*What the task asks*. Search for the word "vaso" in the entries. Each line that holds it should be copied.

(Stored data)

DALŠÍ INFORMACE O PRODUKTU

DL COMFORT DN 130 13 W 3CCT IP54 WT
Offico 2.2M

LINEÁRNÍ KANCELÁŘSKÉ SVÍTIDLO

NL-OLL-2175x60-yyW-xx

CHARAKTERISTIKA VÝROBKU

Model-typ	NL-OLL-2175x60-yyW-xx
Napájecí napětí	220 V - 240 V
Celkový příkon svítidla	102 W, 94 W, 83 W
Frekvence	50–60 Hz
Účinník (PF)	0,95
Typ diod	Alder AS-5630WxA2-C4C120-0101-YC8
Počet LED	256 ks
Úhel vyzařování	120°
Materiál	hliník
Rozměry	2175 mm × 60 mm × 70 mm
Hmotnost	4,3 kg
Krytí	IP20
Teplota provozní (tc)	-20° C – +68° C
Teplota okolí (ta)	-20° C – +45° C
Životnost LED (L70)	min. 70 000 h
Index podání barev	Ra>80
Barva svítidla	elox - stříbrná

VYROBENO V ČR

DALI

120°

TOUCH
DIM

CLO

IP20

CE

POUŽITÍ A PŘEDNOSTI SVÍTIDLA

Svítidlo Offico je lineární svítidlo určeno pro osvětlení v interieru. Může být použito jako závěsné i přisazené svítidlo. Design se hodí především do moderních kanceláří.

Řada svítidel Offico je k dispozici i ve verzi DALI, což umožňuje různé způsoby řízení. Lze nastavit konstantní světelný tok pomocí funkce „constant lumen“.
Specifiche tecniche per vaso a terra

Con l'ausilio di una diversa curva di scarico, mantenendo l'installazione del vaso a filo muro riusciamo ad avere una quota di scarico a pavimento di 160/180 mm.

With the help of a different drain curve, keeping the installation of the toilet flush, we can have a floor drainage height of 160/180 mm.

*Solution*.
Specifiche tecniche per vaso a terra
Con l'ausilio di una diversa curva di scarico, mantenendo l'installazione del vaso a filo muro riusciamo ad avere una quota di scarico a pavimento di 160/180 mm.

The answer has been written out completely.